START Data extract

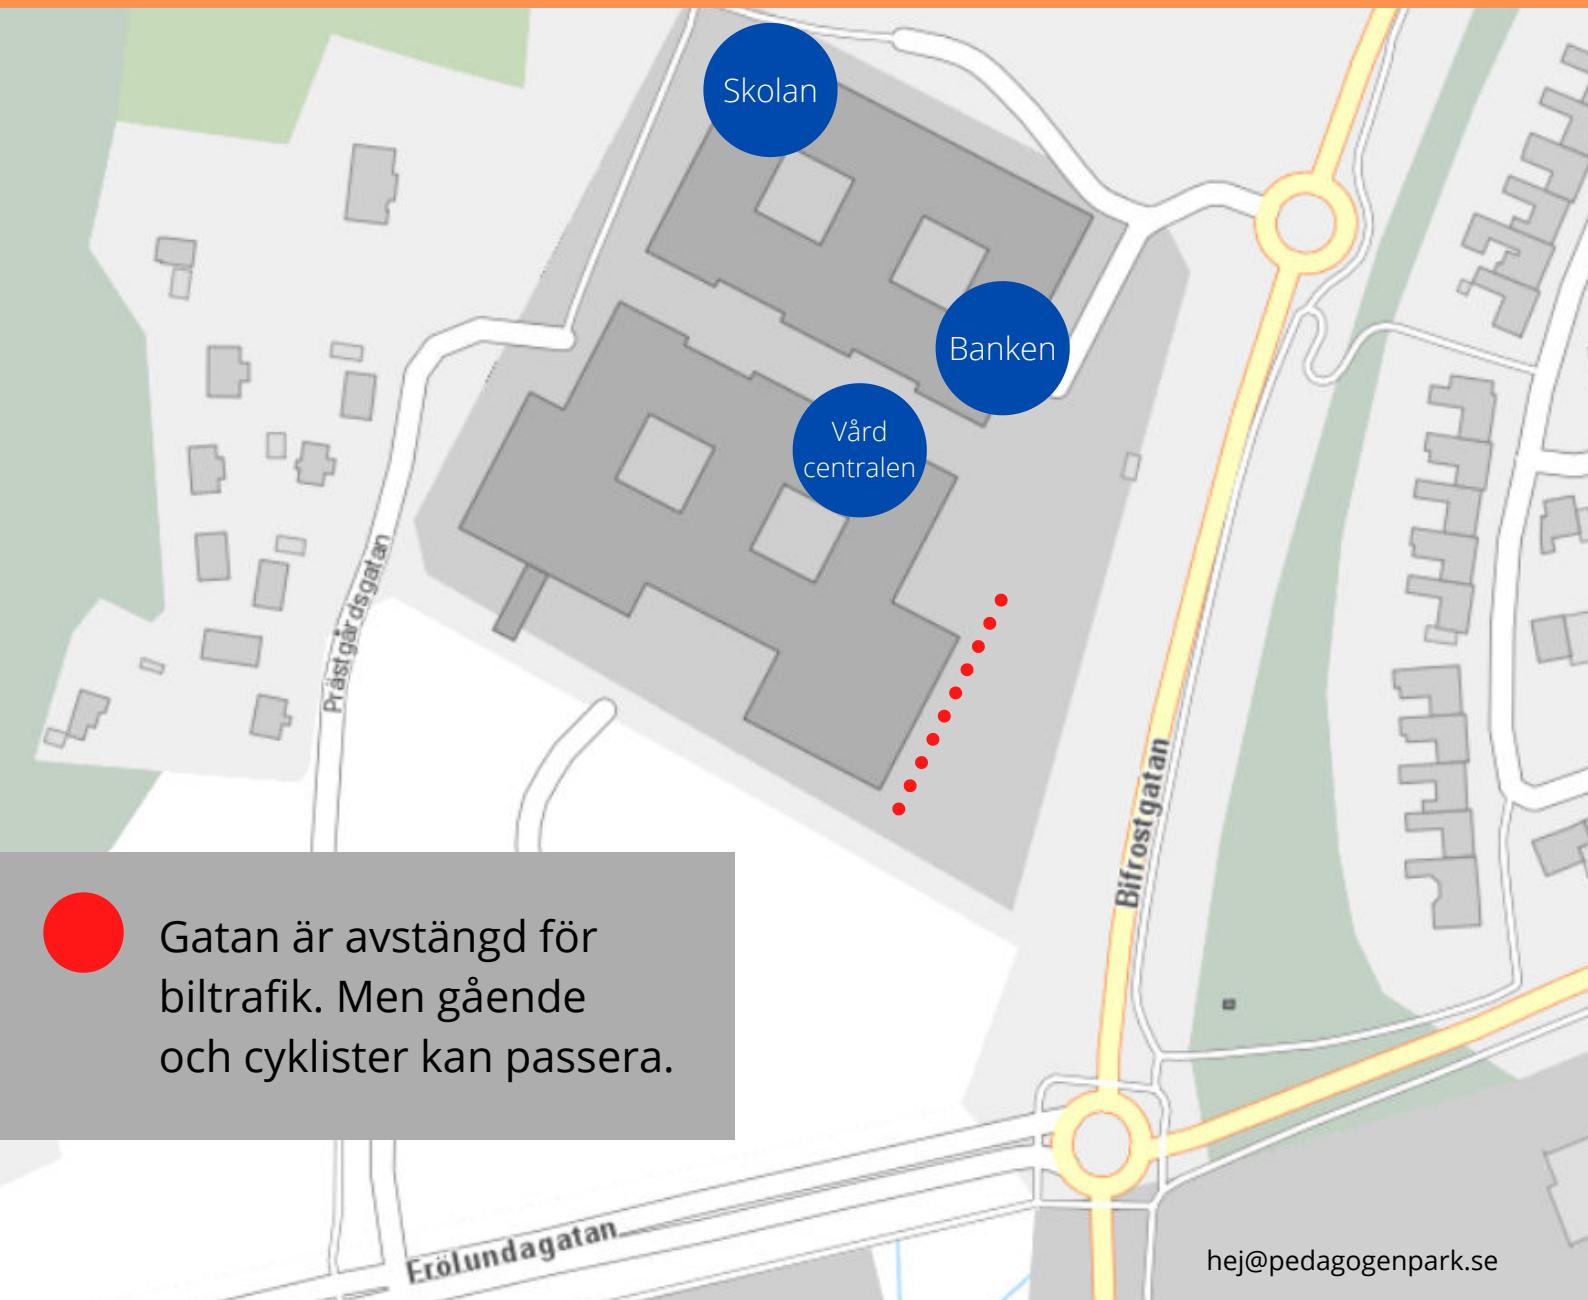

Vi förbereder för en ny stadsdel.

Gatan är endast öppen för gående och cyklister

Nu grävs och förbereds det för fullt i den nya blivande stadsdelen. Därför är den inre lokalgränd, som går längs med idrottshallen, nu avstängd för biltrafik. Gående och cyklister kan dock passera som tidigare. Gatan kommer att vara avstängd fram till tidig vår 2021. Stort tack för ditt tålamod!

END Data extract

_What is being asked_.
The answer should contain all the material above, copied exactly, and no images.

_Result for this task_.
Vi förbereder för en ny stadsdel.

Gatan är endast öppen för gående och cyklister

Nu grävs och förbereds det för fullt i den nya blivande stadsdelen. Därför är den inre lokalgränd, som går längs med idrottshallen, nu avstängd för biltrafik. Gående och cyklister kan dock passera som tidigare. Gatan kommer att vara avstängd fram till tidig vår 2021. Stort tack för ditt tålamod!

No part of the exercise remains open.